Aim of the exercise: Go to the line with "### Polar diagram" in the entries below and write out every line from there through the line with "Aluminum Profile size", exactly and without pictures.

+ + +

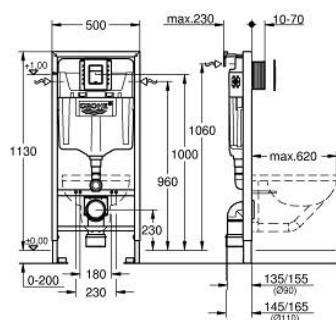

## 39 501 000 **RAPID SL 3-IN-1 SET FOR WC, 1.13 M INSTALLATION HEIGHT**

### PRODUCT DESCRIPTION

- Tyc: Chrome
- with flushing cistern GD 2, 6 - 9 l
- consisting of:
  - Rapid SL element for WC (38 528 001)
  - Skate Cosmopolitan S flush plate, chrome (37 535 000)
  - wall brackets (38 558 00M)
- including revision shaft 40 911 000 for mounting of small flush plates
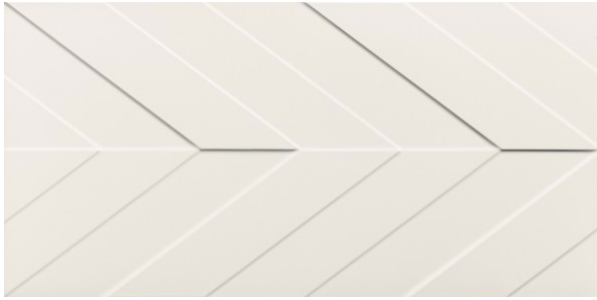

4D CHEVRON WHITE 400 X 800

Description

4D Chevron White wall tile features a distinctly three dimensional aesthetic that enhances both tactile and visual aspects. The large format 400x800mm textured wall tile has a sophisticated matt white finish. Suitable for interior walls only, throughout residential and commercial areas.

~~\$159.90~~

\$127.92 per m²

(incl GST)

Out of Stock

Specifications

Finish:	WALL
Material:	CERAMIC
Origin:	Italy
Size:	400 x 800
Weight:	17 kg per m ²
Rectified:	Yes
Sealing Required:	No
Colour:	White
m ² Per Box:	1.28
Tiles Per Pack:	4
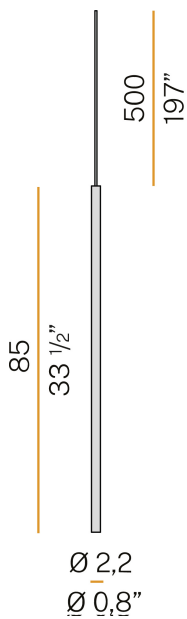

## To-be

24V DC  
M02519.085.0510

 mat brass

### Data sheet

CODE	M02519.085.0510
SYSTEM POWER CONSUMPTION	2,8W
EFFICACY	90.5lm/W
LIGHT SOURCE	LED
LIGHT SOURCE LIFETIME	L70 (B50) 60.000h
COLOUR TEMPERATURE	2700K Ra>90
LIGHT DISTRIBUTION	diffused
POWER SUPPLY	24V DC
DRIVER	remote not included
NOMINAL LUMINOUS FLUX	270lm
LUMEN OUTPUT	181lm
EFFICIENCY	67%
WEIGHT	0,64 Kg
PROTECTION DEGREE	IP40
COLOUR TOLLERANCES	SDCM 3
PACKING DIMENSIONS	5,0 x 105,0 x 10,0 cm

Multiple suspension lighting fixture for interiors, with direct light emission. Extruded aluminium structure in white, mat black, bronze or mat brass polyacrylic paint or with gold leaf coating. Extruded aluminium heat sink. Modelled polycarbonate diffuser with opaline finish. Turned brass end cap in polyacrylic paint. 5m (196,9") long suspension and power cable in transparent PVC. Provided without power canopy, complete with cable clamp on the cable's free extremity.

### Polar diagram
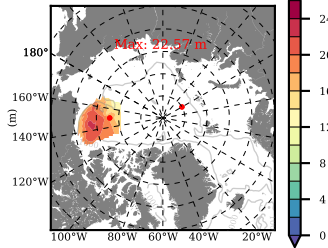

ERA01NEM405 mean FWC (m) over 2006

Mean FWC (m) from BG Obs Sys. (Proshutinsky et al. GRL2018) over year 2006

Mean FWC (m) from Init State

ERA01NEM405 mean SSH anomaly

Mean DOT from Armitage et al. 2017 2006
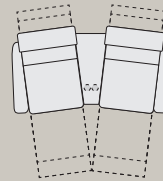

CONFIGURATIONS

Prefer to share a seat or need a space-saving option?
We've got plenty of lovely choices.

Seat depth: 54/21,3
Seat height: 45/17,7
Seat width: 60/23,6
Seat + chaise depth : 107/42,1
Total height: 106-117/41,7-46,1
Wall clearance : 13/5

Center arm
Straight

Center arm
Wedge

A

183/72
cm/inch

174-184/
cm/inch

190/74,8
cm/inch

170/67
cm/inch

B

273/107,5
cm/inch

174-184/
cm/inch

200/78,7
cm/inch

265/104,3
cm/inch

C

363/143
cm/inch

174-184/
cm/inch

210/82,6
cm/inch

360/142
cm/inch

D

333/131
cm/inch

174-184/
cm/inch

198/78
cm/inch

324/127,6
cm/inch

Dimension may vary with +/- 2 cm / 1 inch
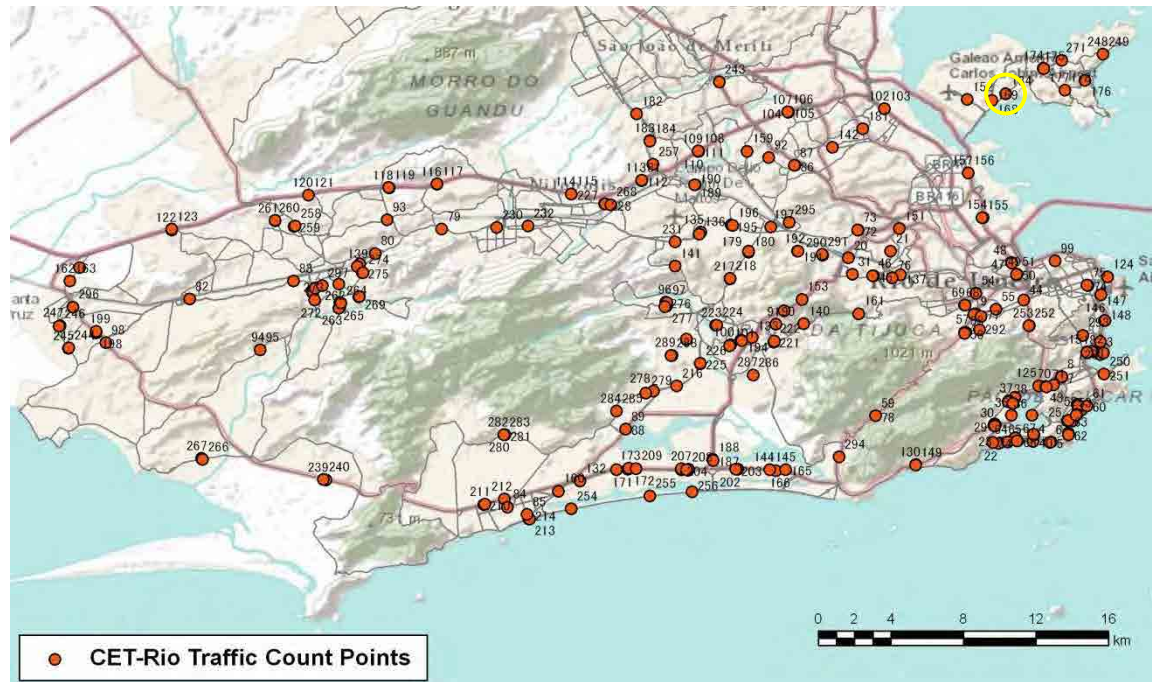

[Weekend]

No.	Point	Towards
133	Linha Amarela Km 14 - Fx -1	Barra

[Location]

[Weekday]

[Weekend]

No.	Point	Towards
134	Est. do Galeão - Prox. n. 4.100	Ilha

[Location]

[Weekday]

[Weekend]

No.	Point	Towards
135	Av. Jambeiro, próx. 620	V. Valqueire

[Location]

[Weekday]

[Weekend]

No.	Point	Towards
136	Av. Jambeiro, próx. 815	V. Valqueire

[Location]

[Weekday]
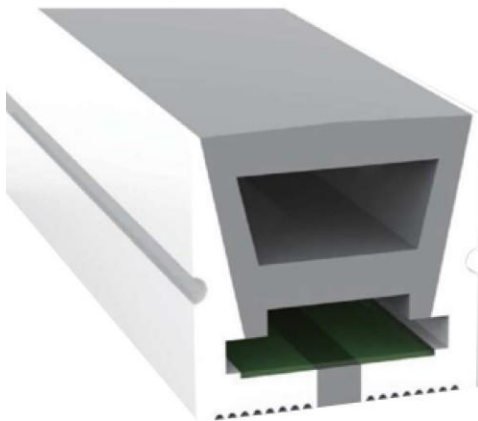

LWTG1616-1

Lighting Direction	Top Lighting
PCB Width(mm)	10/12
Weight(g/m)	238
Section size(mm)	16*16
Beam angle	120°
Aluminum Profile size
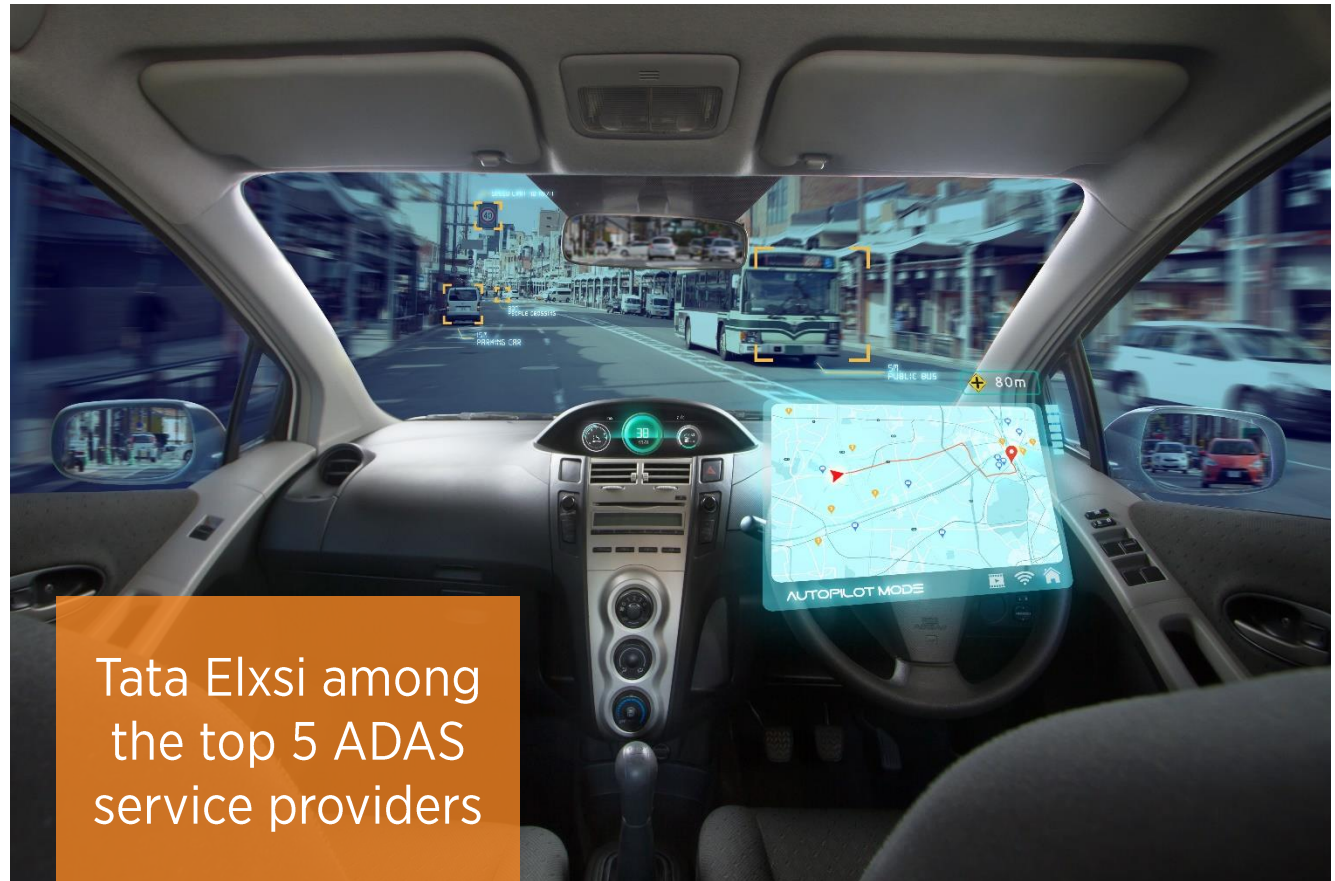

Tata Elxsi's Expansive and Established ER&D services maintained its rating in the Leadership zone through its significant contribution to the Automotive industry.

“Tata Elxsi has been at the forefront of enabling digital engineering for enterprises through its ADAS, in-vehicle connectivity, OTT, and AI offerings”

Sidhant Rastogi
Managing Partner, Zinnov

Tata Elxsi among
the top 5 ADAS
service providers
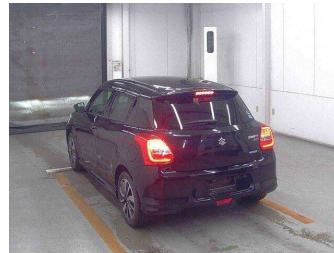

2017 Suzuki Swift

Purchase Price **POA**
Includes GST, Registration & Licensing

Finance may be available on this vehicle. Ask one of our friendly staff for more information.

Gain peace of mind with Mechanical Breakdown Insurance. **Ask us how.**

Top features
None Listed

Body Style	-
Odometer	95,863 km
Engine	1200 cc
Fuel Type	Hybrid
Transmission	Paddle Shift
Wheels	-
VIN	-
Interior	-
Safety	-

Reg No.	-
Ext Colour	Black
History	Ex-Overseas
Seats	-
CO2 Emissions	-
Energy Economy	-
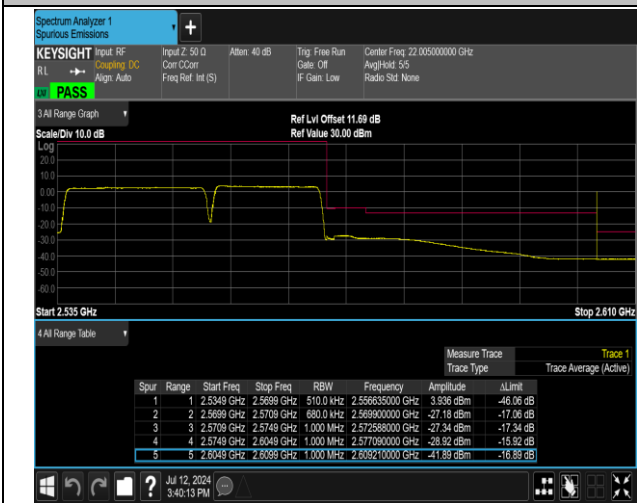

7-7-20MHz-15MHz-QPSK@QPSK-QPSK@QPSK-20850-2
1021-1RB#0@100RB#0-1RB#74@75RB#0-PASS
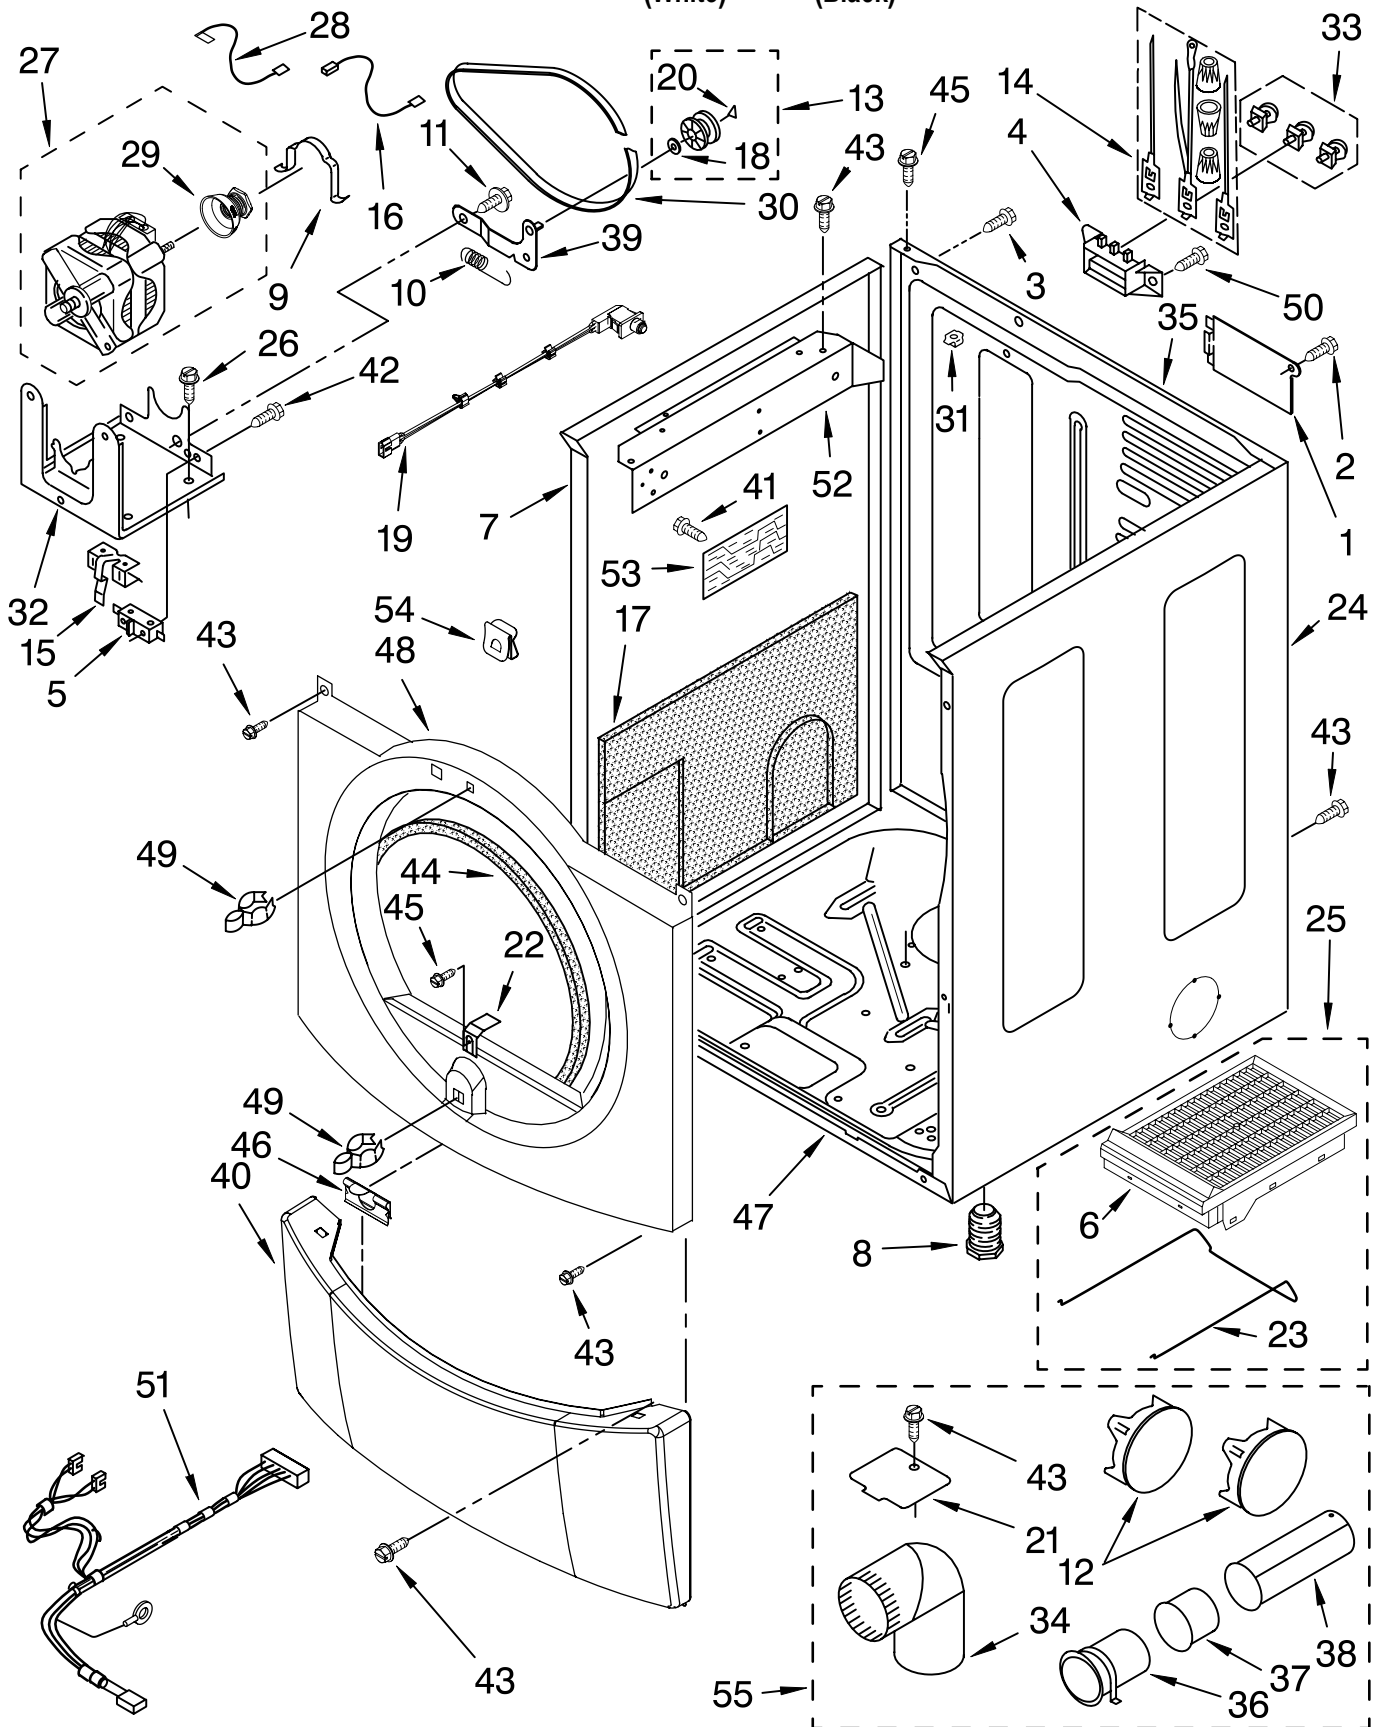

CABINET PARTS

For Models: MED9700SQ0, MED9700SB0
(White) (Black)

FOR ORDERING INFORMATION REFER TO PARTS PRICE LIST

CABINET PARTS

For Models: MED9700SQ0, MED9700SB0
(White) (Black)

Illus. No.	Part No.	DESCRIPTION	Illus. No.	Part No.	DESCRIPTION	Illus. No.	Part No.	DESCRIPTION
1	8576583	Cover, Terminal Block	18	W10121334	Washer, Thrust	39	3388674	Idler Bracket
2	3390814	Screw, 8-18 x 3/8	19	W10128087	Assembly, Door Switch	40		Toe Panel
3	8533974	Screw, 10-32 x 5/8 (Ground)	20	690997	Tri Ring		W10116271	White
4	3397659	Block, Terminal	21	8066115	Cover-Plate		W10116273	Black
5	3394881	Switch, Broken Belt	22	8529053	Ramp, Door	41	3400826	Screw, 8-18 x 3/4
6	8521959	Dry Rack (Top)	23	8521961	Dry Rack Support	42	98129	Screw, 6-20 x 1 1/16
7		Panel, Side (L.H.)	24		Panel, Side (R.H.)	43	3390647	Screw, 8-18 x 1/2
	W10138989	White		W10139003	White	44	3387242	Seal, Front Panel
	W10138996	Black		W10139010	Black	45	3393008	Screw, 10-16 x 1/2
8	3392100	Foot, Dryer	25	8521957	Dry Rack Assembly	46	8519459	Clip, Toe Panel
	279810	Foot - Optional (Extended Length Package Of 2) (Not Included)	26	343641	Screw, 10-16 x 1/2	47	8519207	Base, Cabinet
9	660658	Clamp, Motor (2)	27	8538263	Motor, Assembly 60 HZ.	48		Front Panel (Includes Illus. 44)
10	3387374	Spring, Idler	28	3398948	Wire, Jumper (Broken Belt Switch)		8565907	White
11	3389420	Retainer, Idler	29	8578220	Pulley 60 HZ.		8579974	Black
12		Plug, Multivent	30	3387610	Belt, Drive	49	696144	Strike, Door (2)
	697750	White	31	692400	Nut, Push-In	50	359625	Screw, 8-18 x 1/2
	8557570	Meteorite	32	3387118	Bracket, Motor	51	8299925	Harness, Digital Interface
	3388309	Black	33	279393	Terminal Block Screw Kit (For Terminal Block)	52	8519273	Bracket, Control
13	3388672	Pulley Assembly	34	49026	4" - 90° Elbow	53	8546219	Control Board
14	279318	Terminal, Brass & Tinned (3) (Includes Illus. 33)	35	W10133207	Panel, Rear	54	62825	Clip-S Type
15	8066120	Lever, Snap Switch	36	8563747	Exhaust Pipe & Bracket	Optional Parts Not Included		
16	W10167612	Wire, Belt Switch	37	8563750	Exhaust Pipe (Short)	Dryer Exhaust Kit (For Side & Bottom Venting)		
17	W10128772	Sound Panel	38	8563749	Exhaust Pipe (Long)	55	279818	White
							280028	Meteorite
							279820	Black

FOR ORDERING INFORMATION REFER TO PARTS PRICE LIST

+ + +

Output of the exercise:
### Polar diagram

ERA01NEM405 mean FWC (m) over 2006

Mean FWC (m) from BG Obs Sys. (Proshutinsky et al. GRL2018) over year 2006

Mean FWC (m) from Init State

ERA01NEM405 mean SSH anomaly

Mean DOT from Armitage et al. 2017 2006

CONFIGURATIONS

Prefer to share a seat or need a space-saving option?
We've got plenty of lovely choices.

Seat depth: 54/21,3
Seat height: 45/17,7
Seat width: 60/23,6
Seat + chaise depth : 107/42,1
Total height: 106-117/41,7-46,1
Wall clearance : 13/5

Center arm
Straight

Center arm
Wedge

A

183/72
cm/inch

174-184/
cm/inch

190/74,8
cm/inch

170/67
cm/inch

B

273/107,5
cm/inch

174-184/
cm/inch

200/78,7
cm/inch

265/104,3
cm/inch

C

363/143
cm/inch

174-184/
cm/inch

210/82,6
cm/inch

360/142
cm/inch

D

333/131
cm/inch

174-184/
cm/inch

198/78
cm/inch

324/127,6
cm/inch

Dimension may vary with +/- 2 cm / 1 inch

[Weekend]

No.	Point	Towards
133	Linha Amarela Km 14 - Fx -1	Barra

[Location]

[Weekday]

[Weekend]

No.	Point	Towards
134	Est. do Galeão - Prox. n. 4.100	Ilha

[Location]

[Weekday]

[Weekend]

No.	Point	Towards
135	Av. Jambeiro, próx. 620	V. Valqueire

[Location]

[Weekday]

[Weekend]

No.	Point	Towards
136	Av. Jambeiro, próx. 815	V. Valqueire

[Location]

[Weekday]

LWTG1616-1

Lighting Direction	Top Lighting
PCB Width(mm)	10/12
Weight(g/m)	238
Section size(mm)	16*16
Beam angle	120°
Aluminum Profile size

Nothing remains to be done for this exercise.